= Jauhien Kulik =

The 1991–1995 Coat of Arms of Belarus designed by Jauhien Kulik

Jauhien Kulik (October 31, 1937 – January 12, 2002) was a Belarusian artist and graphic designer. He is the designer of the 1991–1995 Coat of Arms of Belarus, which was a version of the medieval symbol Pahonia.

Jauhien Kulik was born in Minsk. In 1957 he graduated from the Minsk State Arts College, and in 1963 from the Belarusian State Academy of Arts.

After graduation, he worked as a designer and illustrator of books, and participated in numerous personal exhibitions. In the 1960s, he became a leader of an informal group of Belarusian-speaking dissident artists in Minsk. In 1980, he created a Samizdat postcard dedicated to the 1000th anniversary of Belarusian statehood.

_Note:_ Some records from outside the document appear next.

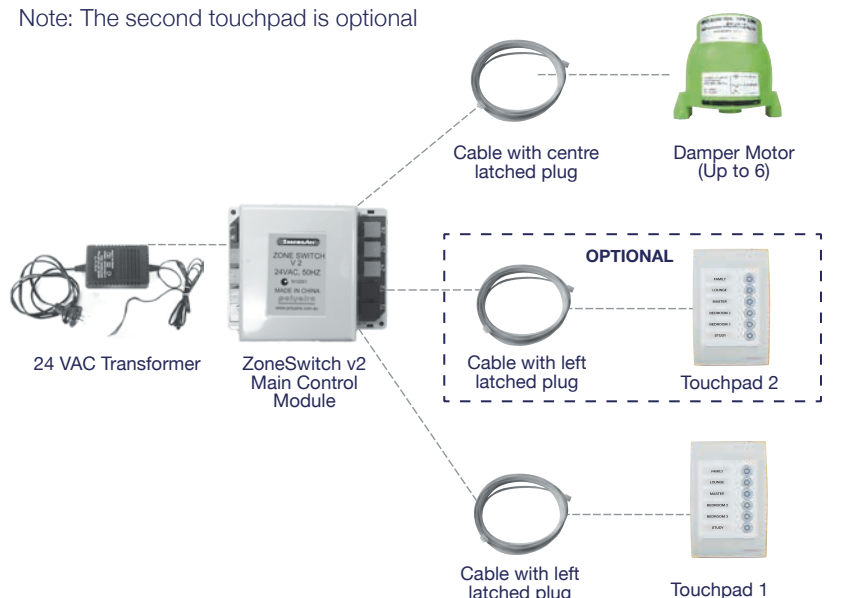

Kit Components

Note: The second touchpad is optional

Features

- New Touchpad with LED on buttons
- Two Touchpads option, direct to Mainboard, no further setup required
- Switchable and selectable spill zone
- See port numbers on Mainboard in the dark
- Turn off all LEDs on the touchpad in off season
- Ideally suited for ducted reverse cycle and ducted gas heating systems
- Easy installation with Polyaire Quick Fix Motorised Dampers
- Attractive, simple and uncluttered Touch Pad designed to suit most decors
- LED indicators to show the ON/OFF status of the zones
- Personalised zone labelling using stickers
- All zones automatically resume their original on/off state once powered up after power outage
- 24 Volt for easy and safe installation and maintenance

Item Number	Description	1 Zone	2 Zone	3 Zone	4 Zone	5 Zone	6 Zone
657205	Zonemaster ZoneSwitch V2 Main Control Board	1	1	1	1	1	1
657206	Zonemaster ZoneSwitch V2 Touchpad	1	1	1	1	1	1
657154	NEAT 24V Transformer	1	1	1	1	1	1
657095	Control Cable 12m (Centre Latched)	1	2	3	4	5	6
657096	Data Cable 12m (Left Latched)	1	1	1	1	1	1
	Full Kit Product Code	672041	672042	672043	672044	672045	672046

Option for Additional Touchpad

Item Number	Description	1 Zone
657206	Zonemaster ZoneSwitch V2 Touchpad	1
657096	Data Cable 12m (Left Latched)	1

POLYAIRE SALES OFFICES

www.polyaire.com.au

New South Wales

sales.nsw@polyaire.com.au

Unit 2/167 Prospect Hwy
SEVEN HILLS NSW 2147
Ph: (02) 8811 1333
Fax: (02) 9620 8088

Unit 2/6 Church Road
MOOREBANK NSW 2170
Ph: (02) 9600 8799
Fax: (02) 9600 8115

Unit 10/33 Maddox Street
ALEXANDRIA NSW 2015
Ph: (02) 9557 6948
Fax: (02) 9557 6954

70 Mitchell Road
CARDIFF NSW 2285
Ph: (02) 4954 6677
Fax: (02) 4954 6033

22 Schiller Street
WAGGA WAGGA NSW 2650
Ph: (02) 6921 7606
Fax: (02) 6921 1987

4 Young Street
DUBBO NSW 2830
Ph: (02) 6884 4328
Fax: (02) 6884 4362

ACT

Unit 17/1 Pirie Street
FYSHWICK ACT 2609
Ph: (02) 6126 3600
Fax: (02) 6228 1338

Queensland

sales.qld@polyaire.com.au

81-89 Northlink Place
VIRGINIA QLD 4014
Ph: (07) 3866 8700
Fax: (07) 3256 8718

3/60 Dulacca Street
ACACIA RIDGE QLD 4110
Ph: (07) 3273 8043
Fax: (07) 3273 6104

2/3 Anisar Court
MOLENDINAR QLD 4214
Ph: (07) 5656 1900
Fax: (07) 5597 5985

South Australia

sales.sa@polyaire.com.au

11-13 White Road
GEPPS CROSS SA 5094
Ph: (08) 8349 5959
Fax: (08) 8349 6659

1590 Main North Road
BRAHMA LODGE SA 5109
Ph: (08) 8182 3347
Fax: (08) 8182 3348

9 Somerset Circuit
LONSDALE SA 5160
Ph: (08) 8326 7063
Fax: (08) 8186 1069

Western Australia

sales.wa@polyaire.com.au

1 Booth Place
BALCATA WA 6021
Ph: (08) 6241 0555
Fax: (08) 9240 1484

15 Opportunity Street
WANGARA WA 6065
Ph: (08) 9303 4506
Fax: (08) 9302 5420

Victoria

sales.vic@polyaire.com.au

Kulik illustrated the first Anatol Titou’s book about the coats of arms of Belarusian towns (1983). Titou’s work of reconstructing the Belarusian heraldic tradition was not welcomed by the Soviet authorities: none of 1,000 copies of the book reached the state-controlled distribution and almost all copies rotted away in a warehouse.

In the late 1980s, he became an active member of the Belarusian Popular Front.

In 1991, after the restoration of the independence of Belarus, Jauhien Kulik was the main designer of the new Coat of Arms of Belarus—the Pahonia.

Jauhien Kulik died in 2002. He is buried in Kalvaryja cemetery in Minsk.